• Exercise description: The needed output is the run of lines below from the one containing "THE 2 STOREY SERIES" through the one containing "Wood Veneer Interior Door with Diamond Panels", copied exactly and free of pictures.

• Dataset records:
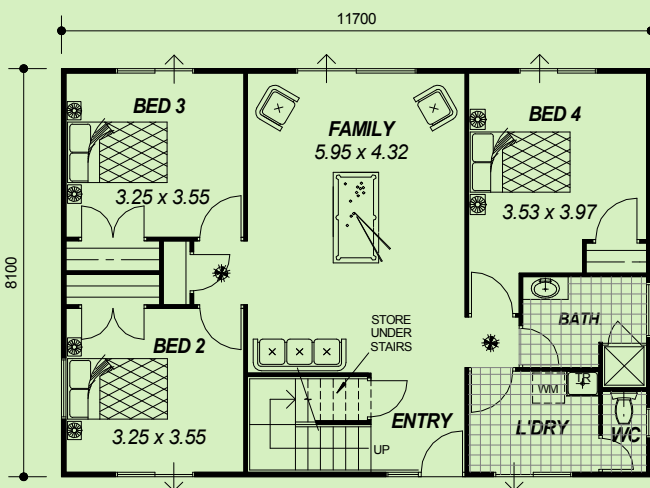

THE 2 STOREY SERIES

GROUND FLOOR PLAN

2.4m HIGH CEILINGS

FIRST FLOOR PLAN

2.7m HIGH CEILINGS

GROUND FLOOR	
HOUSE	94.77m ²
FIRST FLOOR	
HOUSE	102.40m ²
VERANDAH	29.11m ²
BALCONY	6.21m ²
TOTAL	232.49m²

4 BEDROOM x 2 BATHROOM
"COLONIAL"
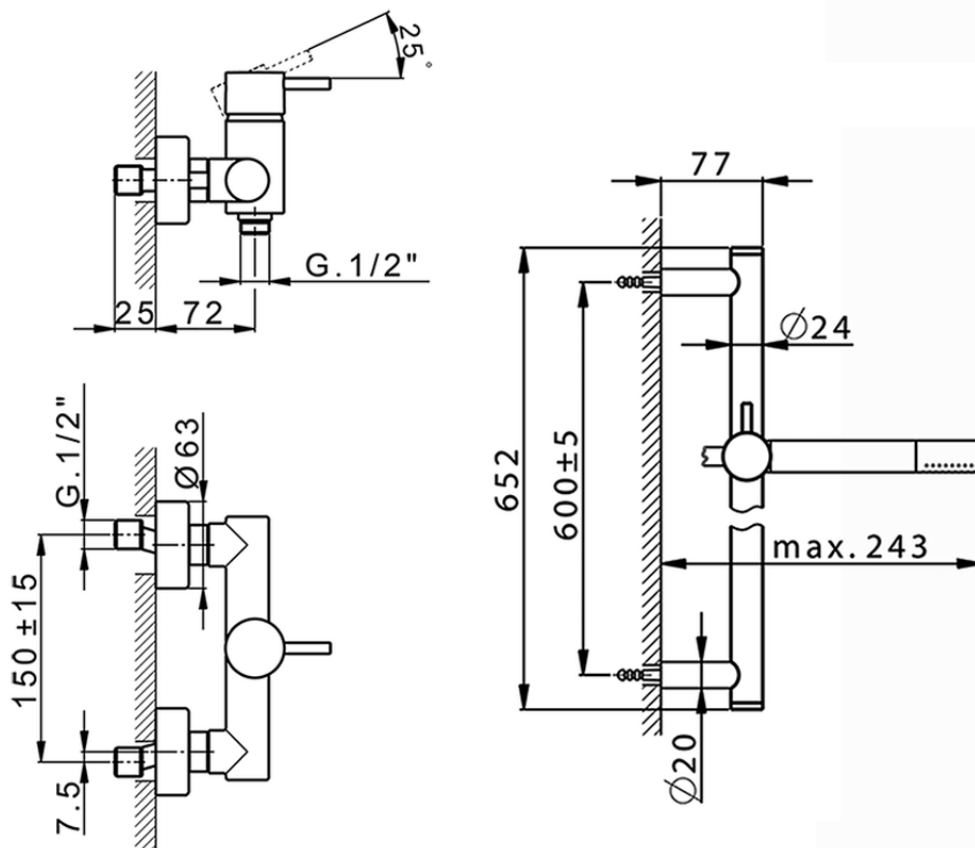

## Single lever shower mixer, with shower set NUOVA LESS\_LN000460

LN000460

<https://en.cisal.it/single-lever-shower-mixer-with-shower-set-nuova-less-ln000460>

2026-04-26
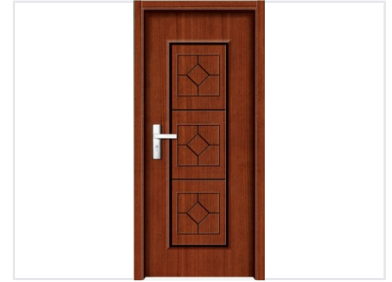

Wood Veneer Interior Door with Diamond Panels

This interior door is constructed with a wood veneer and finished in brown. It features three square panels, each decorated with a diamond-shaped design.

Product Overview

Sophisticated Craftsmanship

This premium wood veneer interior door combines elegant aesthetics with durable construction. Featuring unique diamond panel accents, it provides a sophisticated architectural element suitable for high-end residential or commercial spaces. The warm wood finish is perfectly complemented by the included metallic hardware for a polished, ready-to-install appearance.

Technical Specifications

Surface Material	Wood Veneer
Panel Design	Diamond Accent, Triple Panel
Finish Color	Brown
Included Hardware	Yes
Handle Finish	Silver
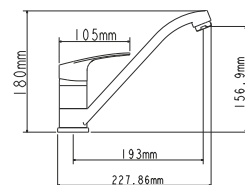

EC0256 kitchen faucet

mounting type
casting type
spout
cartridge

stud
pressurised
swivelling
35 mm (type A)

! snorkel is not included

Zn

==

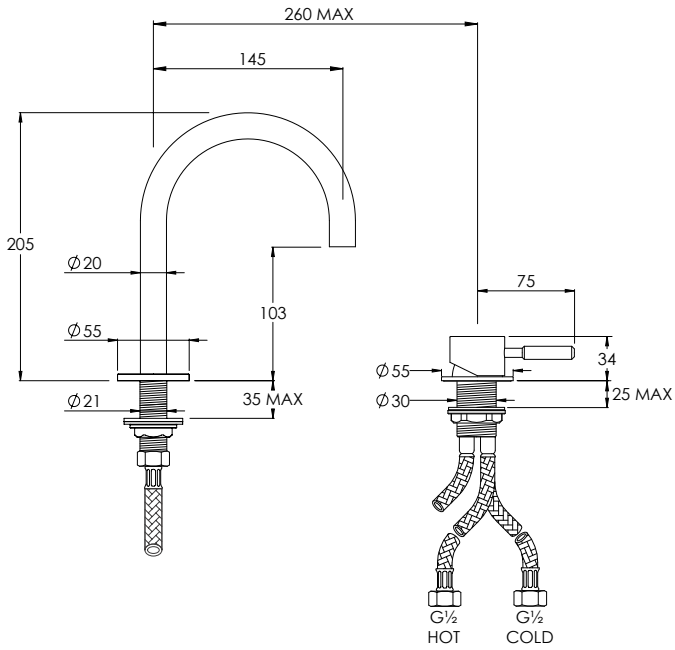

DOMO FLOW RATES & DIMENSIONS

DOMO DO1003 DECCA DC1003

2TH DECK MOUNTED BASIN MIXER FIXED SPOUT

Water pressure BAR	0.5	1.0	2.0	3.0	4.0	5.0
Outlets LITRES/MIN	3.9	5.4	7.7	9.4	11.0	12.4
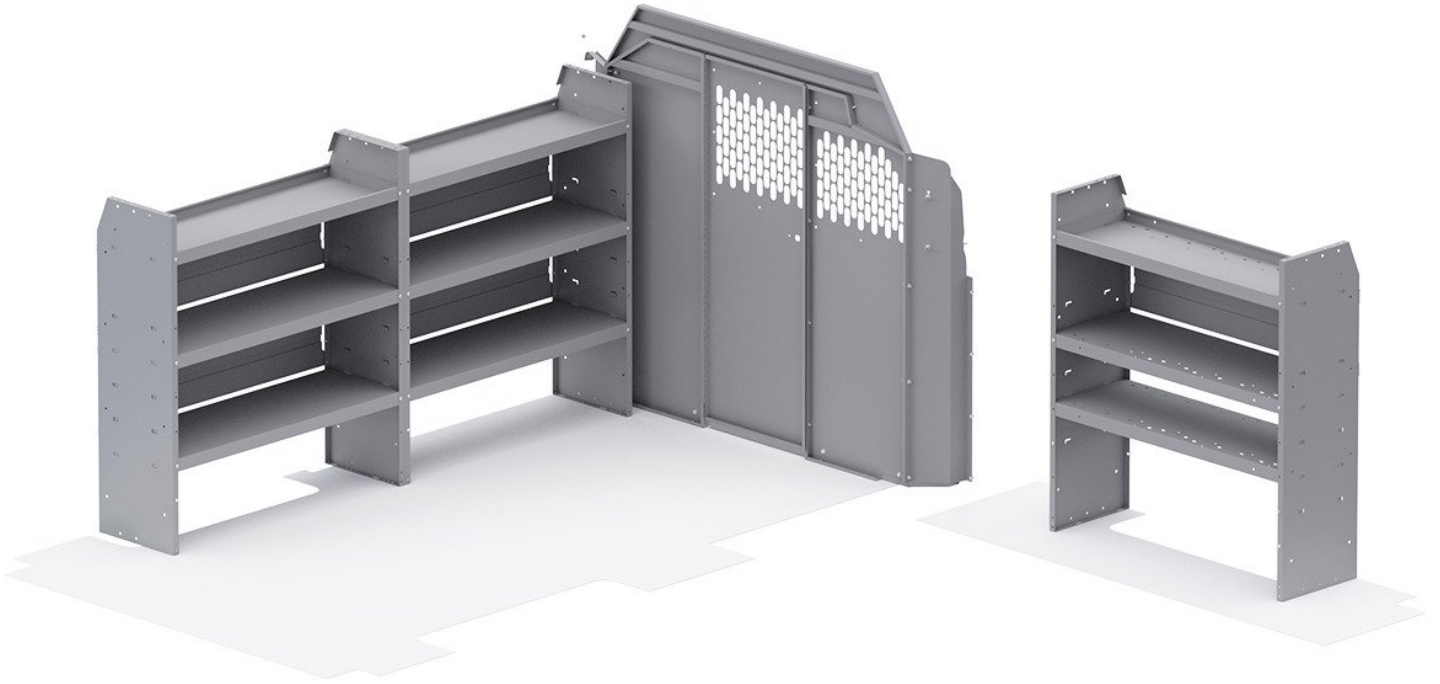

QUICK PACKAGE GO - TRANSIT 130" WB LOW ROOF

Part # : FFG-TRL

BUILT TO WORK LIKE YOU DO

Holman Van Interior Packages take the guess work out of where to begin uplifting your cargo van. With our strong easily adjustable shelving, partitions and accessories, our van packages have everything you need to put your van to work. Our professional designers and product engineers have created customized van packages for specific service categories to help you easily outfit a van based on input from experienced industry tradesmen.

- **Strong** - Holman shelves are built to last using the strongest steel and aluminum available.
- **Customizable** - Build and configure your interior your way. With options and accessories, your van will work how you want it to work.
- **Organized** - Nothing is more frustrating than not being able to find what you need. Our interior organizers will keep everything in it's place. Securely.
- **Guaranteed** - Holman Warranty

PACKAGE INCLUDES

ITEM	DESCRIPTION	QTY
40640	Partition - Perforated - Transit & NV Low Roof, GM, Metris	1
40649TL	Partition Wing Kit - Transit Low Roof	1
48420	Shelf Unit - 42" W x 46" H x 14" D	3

...

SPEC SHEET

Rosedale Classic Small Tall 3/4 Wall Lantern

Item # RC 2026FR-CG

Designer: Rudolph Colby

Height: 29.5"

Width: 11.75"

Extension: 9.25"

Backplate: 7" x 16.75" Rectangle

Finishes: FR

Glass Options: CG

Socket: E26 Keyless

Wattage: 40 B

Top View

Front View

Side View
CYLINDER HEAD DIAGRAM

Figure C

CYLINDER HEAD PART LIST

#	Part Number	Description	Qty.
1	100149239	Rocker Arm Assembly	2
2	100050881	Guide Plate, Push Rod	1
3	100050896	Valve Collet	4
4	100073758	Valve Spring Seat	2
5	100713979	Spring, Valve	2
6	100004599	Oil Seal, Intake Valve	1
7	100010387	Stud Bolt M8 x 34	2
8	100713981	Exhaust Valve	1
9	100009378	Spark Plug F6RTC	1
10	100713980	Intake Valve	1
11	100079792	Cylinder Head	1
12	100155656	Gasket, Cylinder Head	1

• Response to this exercise:
THE 2 STOREY SERIES

GROUND FLOOR PLAN

2.4m HIGH CEILINGS

FIRST FLOOR PLAN

2.7m HIGH CEILINGS

GROUND FLOOR	
HOUSE	94.77m ²
FIRST FLOOR	
HOUSE	102.40m ²
VERANDAH	29.11m ²
BALCONY	6.21m ²
TOTAL	232.49m²

4 BEDROOM x 2 BATHROOM
"COLONIAL"

## Single lever shower mixer, with shower set NUOVA LESS\_LN000460

LN000460

<https://en.cisal.it/single-lever-shower-mixer-with-shower-set-nuova-less-ln000460>

2026-04-26

Wood Veneer Interior Door with Diamond Panels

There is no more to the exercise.